Как уже говорилось, в сознании художника революция обещала стать целостным Русским Должным: матрица мифологизированного Золотого века сложилась из двух половинок – архаической и революционной. Для культурного сознания, чуткого к Должному, это, помимо всего прочего, знаменует снятие ближних, конкретных реалий социальной истории со всеми ее конфликтами, коллизиями и противоречиями.
Это накладывается на то, что подметил о.

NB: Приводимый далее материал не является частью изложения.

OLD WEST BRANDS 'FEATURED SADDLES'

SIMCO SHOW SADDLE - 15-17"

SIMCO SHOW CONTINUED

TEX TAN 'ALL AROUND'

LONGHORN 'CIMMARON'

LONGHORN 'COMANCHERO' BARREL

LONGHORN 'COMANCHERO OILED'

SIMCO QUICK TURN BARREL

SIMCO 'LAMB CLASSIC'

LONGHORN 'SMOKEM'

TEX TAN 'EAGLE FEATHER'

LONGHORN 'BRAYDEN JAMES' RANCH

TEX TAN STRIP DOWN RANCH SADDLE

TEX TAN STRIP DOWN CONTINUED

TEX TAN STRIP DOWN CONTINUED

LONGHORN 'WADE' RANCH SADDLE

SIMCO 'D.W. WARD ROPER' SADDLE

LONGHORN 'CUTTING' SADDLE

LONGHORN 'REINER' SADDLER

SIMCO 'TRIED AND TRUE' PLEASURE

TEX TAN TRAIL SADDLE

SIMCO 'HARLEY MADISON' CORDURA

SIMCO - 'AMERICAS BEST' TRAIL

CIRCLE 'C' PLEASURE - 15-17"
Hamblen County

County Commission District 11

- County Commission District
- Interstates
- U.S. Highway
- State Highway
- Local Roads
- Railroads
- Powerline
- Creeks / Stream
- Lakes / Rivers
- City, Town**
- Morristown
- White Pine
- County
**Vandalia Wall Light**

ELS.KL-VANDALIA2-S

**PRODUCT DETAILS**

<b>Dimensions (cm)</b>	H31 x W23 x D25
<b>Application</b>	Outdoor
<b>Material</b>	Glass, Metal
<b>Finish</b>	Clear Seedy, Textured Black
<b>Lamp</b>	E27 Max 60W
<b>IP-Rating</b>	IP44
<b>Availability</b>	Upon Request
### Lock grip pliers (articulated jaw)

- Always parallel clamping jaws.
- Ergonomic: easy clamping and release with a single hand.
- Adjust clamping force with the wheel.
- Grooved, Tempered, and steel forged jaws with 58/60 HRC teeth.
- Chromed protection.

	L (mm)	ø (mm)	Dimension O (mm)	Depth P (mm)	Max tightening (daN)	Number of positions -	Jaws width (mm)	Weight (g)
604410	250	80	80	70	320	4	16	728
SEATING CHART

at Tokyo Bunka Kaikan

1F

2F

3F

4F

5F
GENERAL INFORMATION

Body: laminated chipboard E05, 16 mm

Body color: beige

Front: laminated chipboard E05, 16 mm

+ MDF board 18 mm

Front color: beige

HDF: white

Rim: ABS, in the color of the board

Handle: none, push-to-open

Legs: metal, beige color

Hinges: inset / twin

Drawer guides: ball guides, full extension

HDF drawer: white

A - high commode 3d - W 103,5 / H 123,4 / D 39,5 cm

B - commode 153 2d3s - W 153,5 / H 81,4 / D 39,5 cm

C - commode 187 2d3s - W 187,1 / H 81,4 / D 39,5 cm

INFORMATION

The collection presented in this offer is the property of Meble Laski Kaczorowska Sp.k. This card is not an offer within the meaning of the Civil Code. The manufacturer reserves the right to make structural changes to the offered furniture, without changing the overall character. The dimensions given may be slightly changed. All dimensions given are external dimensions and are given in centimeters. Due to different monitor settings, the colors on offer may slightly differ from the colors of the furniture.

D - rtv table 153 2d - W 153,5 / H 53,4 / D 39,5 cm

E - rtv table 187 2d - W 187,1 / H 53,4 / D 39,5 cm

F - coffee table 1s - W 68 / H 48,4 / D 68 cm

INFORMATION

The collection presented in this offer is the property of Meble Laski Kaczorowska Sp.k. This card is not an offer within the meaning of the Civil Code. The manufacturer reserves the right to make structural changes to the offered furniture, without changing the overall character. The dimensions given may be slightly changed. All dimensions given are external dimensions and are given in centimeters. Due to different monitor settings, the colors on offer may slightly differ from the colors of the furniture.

Иоанн Мейендорф: «Одна из черт русской культуры <…> уменье, тенденция жить как бы одновременно в двух мирах, некий дуализм по отношению к истории, манихейское представление о том, что в этом мире все несовершенно, но есть тайники души, откуда исходит свет, где ощущается истина: они свободны, независимы от исторического процесса…»[82] Для уверовавших в Золотой век историческое, буквально только что давшее столько трагедийных и просто опасных для человека эксцессов, списывается со счетов.
В результате, нивелируя различия между прошлым и будущим, Должное объемлет рай потерянный и рай обретенный: золотой век архаики встречается с золотым веком завершающей историю Революции, конец встречается с началом[83]. Так что, похоже, нежелание или равнодушие Щекотихиной к обострению политических характеристик обусловлены этой уверенностью в «совмещении половинок»: это событие такого планетарного масштаба, настолько долгожданное, что рядом с ним частные несправедливости и конкретные судьбы! Это «снятие» коллизий и конфликтов дорого обойдется художникам, сосредоточенным на Должном. Впрочем, ментальность ментальностью, а рука и глаз в типажных работах фиксировали тревожные сигналы и вне специальной установки сознания. Как писал тот же И. Бунин, «вот оно, изумительное дело художников: так чудесно схватывает, концентрирует и воплощает человек типическое, рассеянное в воздухе, что во сто крат усиливает его существование и влияние <…> и часто совершенно наперекор своей задаче».